Krishnamurthy emphasizes another gap in current law: the lack of provisions for monetary compensation and damages. “Courts can currently only halt the distribution or use of infringing material, but the harm to the celebrity’s finances or reputation has already occurred,” he explains. “Who compensates them for those losses?” Including financial penalties in codified law could serve as a powerful deterrent against violations.
However, Mani presents a counterargument, suggesting that leaving personality rights uncodified actually benefits plaintiffs by giving courts broader interpretive flexibility.
The Technology Factor
Yet this debate takes on new urgency in an era of rapidly advancing technology that poses unprecedented threats to identity and livelihood.

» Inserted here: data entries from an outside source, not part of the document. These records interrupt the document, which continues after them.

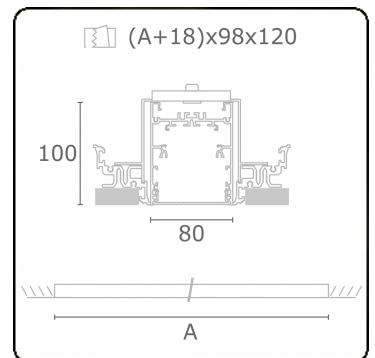

Lichttechnische gegevens

UGR	<19
CIE Fluxcode	61 91 99 100 60

Afmetingen

A	1964 mm
---	---------

Opmerkingen

Inbouwarmatuur (randloos) - Direct - HO 150mA - MPO - ANO

ENERGY

A
 Verkrijgbaar op aanvraag.
B
 Disponible sur demande.
C
D
 Available on request.
E
F
 Auf Anfrage.
G
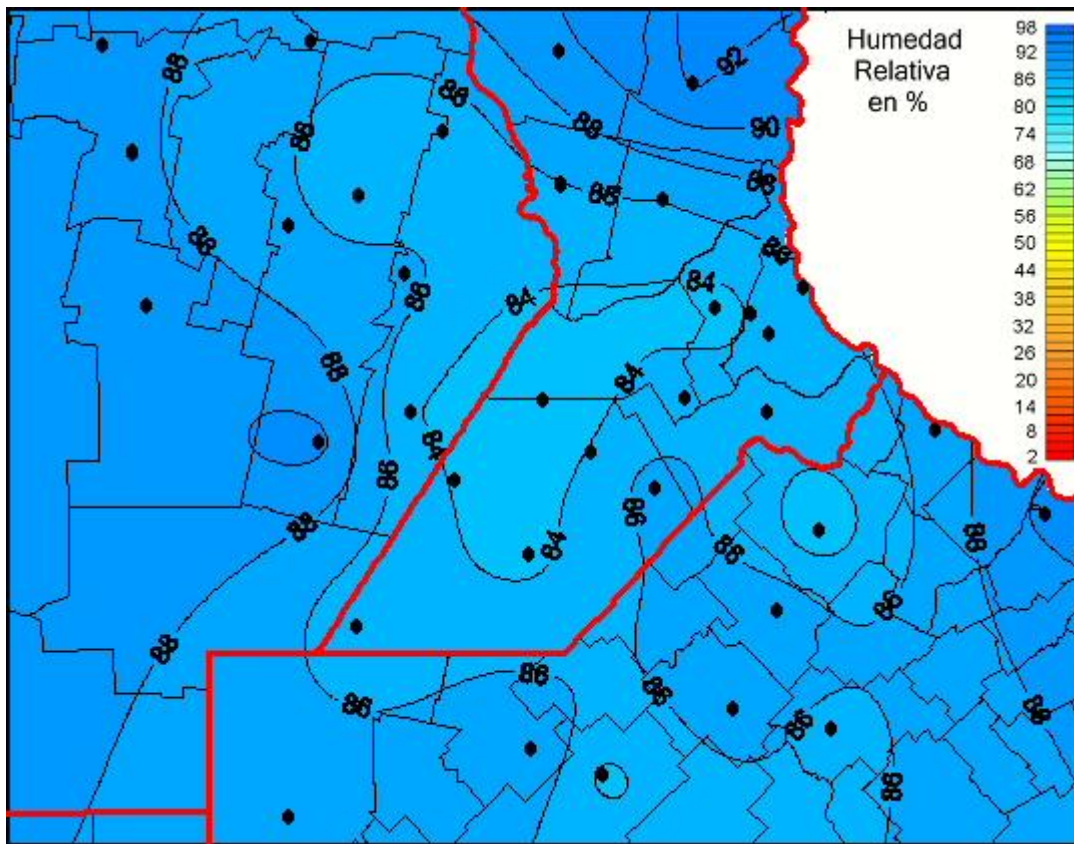

Humedad Relativa

Mapa de humedad relativa de las las últimas 24 horas.
(Desde las 8:00AM hasta las 8:00AM). Se actualiza a las 10:00hs.

The year 2024 saw hundreds of Hollywood screenwriters strike over concerns about generative AI replacing human creativity. That same year, actress Scarlett Johansson publicly accused OpenAI of appropriating her voice for their GPT-4o model—an allegation the company disputed.
Can stronger legal frameworks protect individuals from technological exploitation of their identities?
Mani remains skeptical that legislation alone provides the answer. “Laws will inevitably trail behind technology, regardless of how meticulously they’re drafted,” she argues.
Instead, she advocates for interpreting existing laws with awareness of modern societal complexities. “What matters most is understanding your rights and actively enforcing them, which allows you to benefit from the protections already embedded in our legal framework, particularly the constitution,” she concludes.